┌──
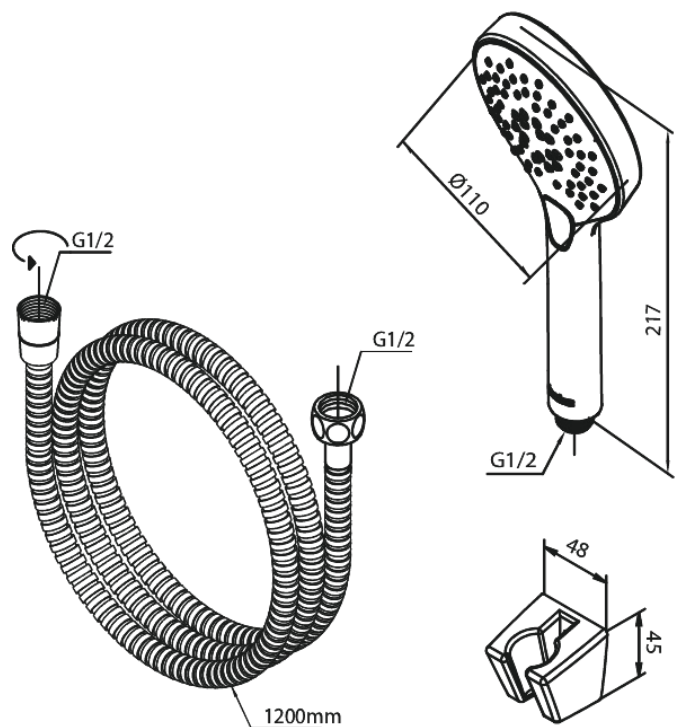

Silhouet

Set de bain

Réf. 765258700
Finitions : Cuivre mat
Gammes : Silhouet

EAN 5708516843016

Caractéristiques:

Consommation d'eau max. 9 l/min
3 jets

Fonctions techniques

FM Mattsson Nederland BV
Bosuil 10, 3931 GG Woudenberg
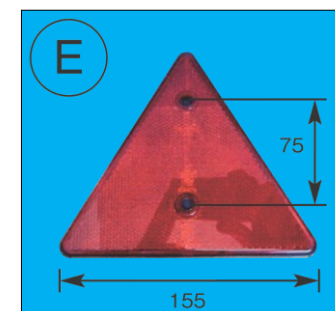

Eマーク付き
裏側シール

DS-0553 (赤)

Eマーク付き
裏側シール
32×85mm

DS-0554 (橙)

DS-0555 (赤)

DS-0556 (白)

Eマーク付き
裏側シール

※旧品番
DS-0533 (橙)
DS-0536 (赤)
DS-0551 (白)

DS-0557 (赤)

Eマーク付き
裏側シール
19×165mm

入数2個

DS-0601 (黄)

3.1/2インチ
2本ビス止め
ビス間102mm
※DS-0600 (赤) は生産中止
入数10個

DS-0609

Eマーク付き
トレーラー用
2本ビス止め

入数10個
※旧品番DS-0608
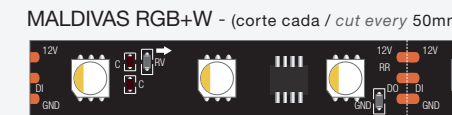

DIGITAL - SPI

Voltaje Voltage	Potencia Power	Lumens Lumens	IP	Leds/m	IC	Medidas Size	Color temp. (Kelvin) Colour (Kelvin)
12V	9W/m	224lm/m	IP20	60	SK6813	5000x10x2mm	RGB
12V	14.4W/m	1000lm/m	IP20	60	SW2812	5000x10x2.5mm	7000K 3000K
12V	20W/m	480lm/m	IP20	60	WS2814	5000x10x2.5mm	RGB+W - 3000K
24V	28.8W/m	600lm/m	IP20	120	SM16703	5000x12x2.6mm	RGB
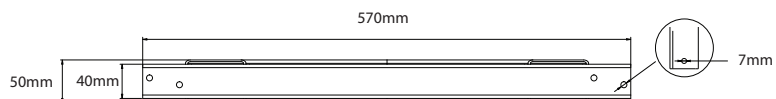

BAMYCA | PRODUCT SHEET MODEL XLYNE

| TECHNICKÉ PARAMETRE
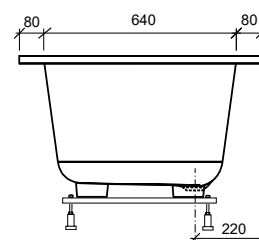

Information baignoire balnéo Duo Basic

Nombre personnes/Couchettes	1 / 1
Dimensions en mm (lo × la)	1800 × 800
Capacité eau en l	200

Nombre buses	
Système Pearl (air)	25
Système combiné (air + eau)	13 / 22

Équipement	
Traversins	0
Commande	Télécommande
Prise électrique	230V/16A + 230V/13A

Variante d'équipement Pearl
25 buses à air / 2 lumières (en option)

○ Buses à air   ◻-○ Lumières

Variante d'équipement combinée
13 buses à air et 22 buses à eau / 2 lumières (en option)

○ Buses à air   ●● Buses à air et à eau   ◻-○ Lumières

Autres options:

- Lumière sous l'eau RGB Power LED
- Système audio Bluetooth y c. Exciter LS

- Chauffage Keep-Warm 2kW (uniquement système combiné)
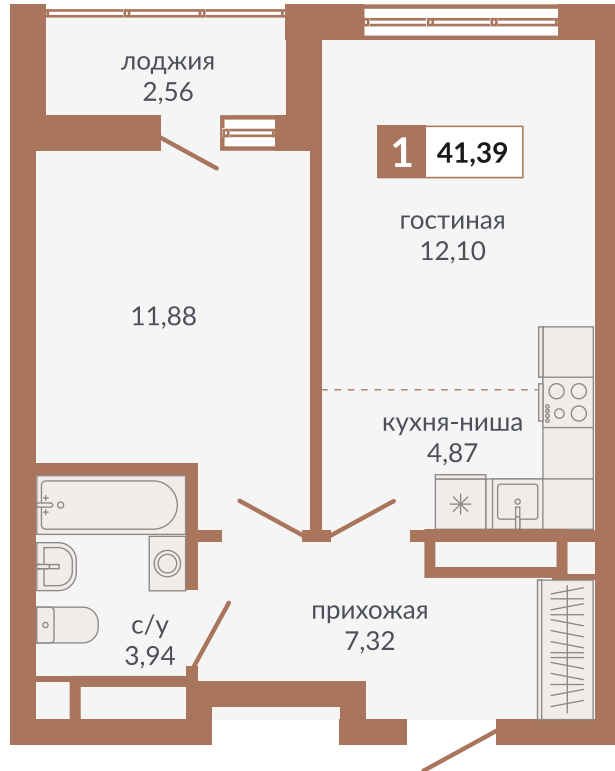

Двор

ул. Кизеловская

Секция 1Б

ул. Викулова

181

Номер квартиры

Однокомнатная квартира

Тип

41,39 м²

Площадь

22

Этаж

1А

Секция

8 981 630 руб.

9-561-090-руб.
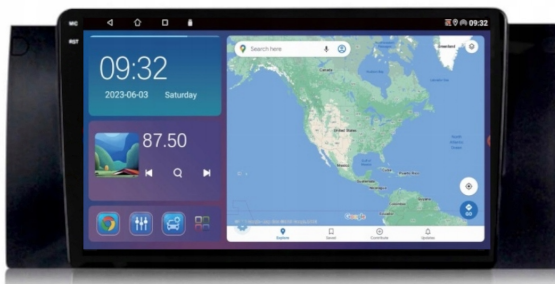

Opis produktu
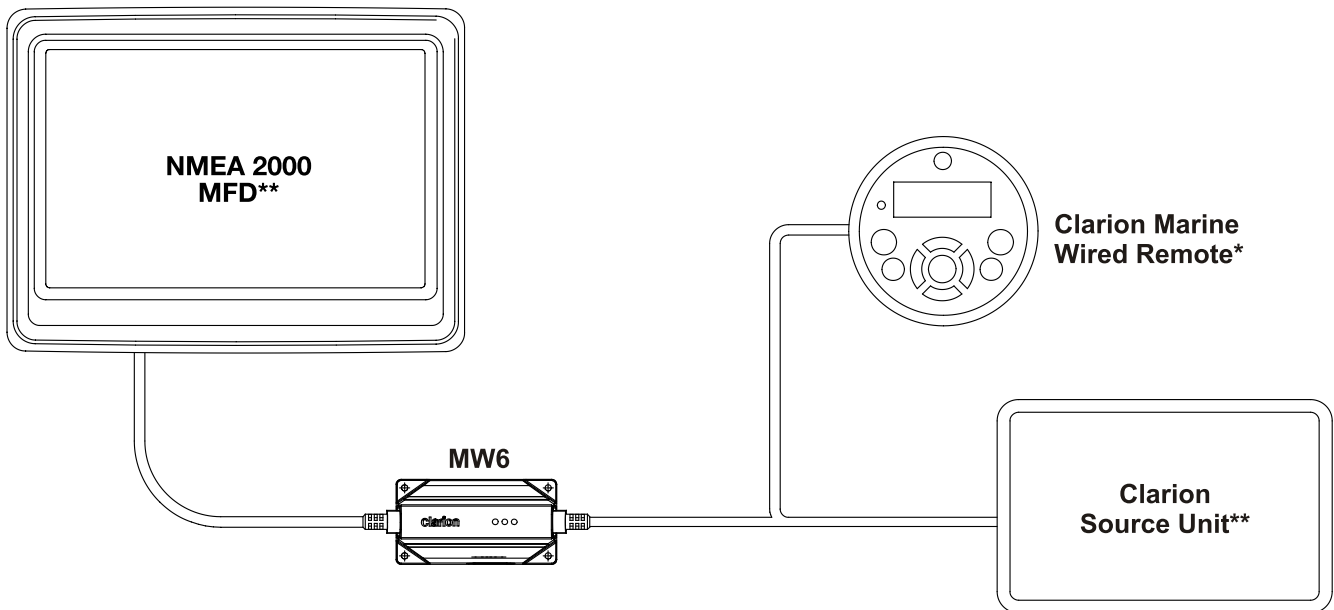

Installation Diagram / Diagrama de instalación / Diagramme d'installation

To Clarion Source Unit"

To NMEA 2000 Network

This section is 1:1 scale.

Dip Switch Position Posición del interruptor dip Position du commutateur dip	Diagram Diagrama Diagramme	Clarion Source Unit Unidad principal de Clarion Unité de source Clarion
0000		CMS3
0001		M505
0010		M606
0100		CMS4
1000		CMS2
0011		M303
0101		M508
0110		M608
0111		CMS20

Standard Configuration / Configuración Estándar

Configuration with Remote / Configuración con control remoto con cable / Configuration avec télécommande câblée

* **Wired Remote can be connected via MWRYCRET "Y" Cable.**

* **El mando a distancia por cable se puede conectar a través del cable "Y" de MWRYCRET.**

* **La télécommande filaire peut être raccordée via le câble "Y" MWRYCRET.**

** **Features and functionality vary by Clarion source unit. Please visit our website for details regarding Clarion source unit and 3rd party MFD compatibility.**
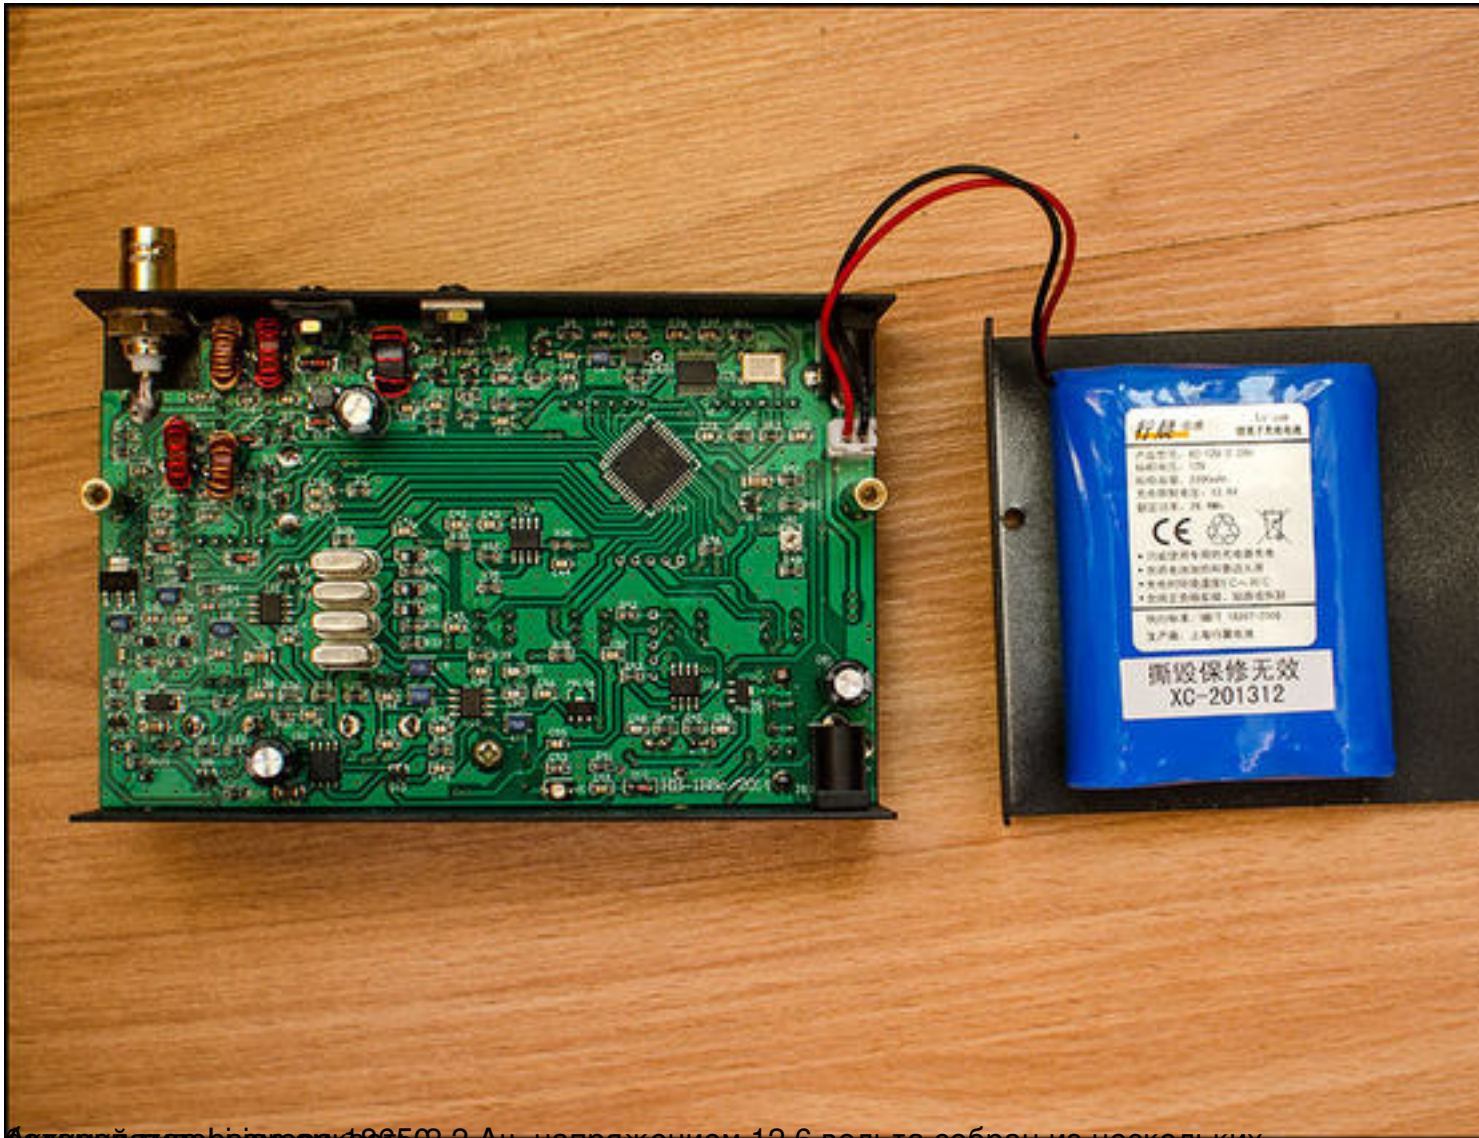

QRP трансивер YouKits HB-1B MK2

Автор: Valery Titievsky

17.03.2014 12:56 - Обновлено 17.03.2014 16:19

Батарея литий-ионная 18650, 2 Ач напряжением 12,6 вольта собран из нескольких

QRP трансивер YouKits HB-1B MK2
└──
- _Task to complete_:
Your reply must consist of a number alone: the count of lines in the listing that contain the string "Pearl".

- _Output of the task_:
2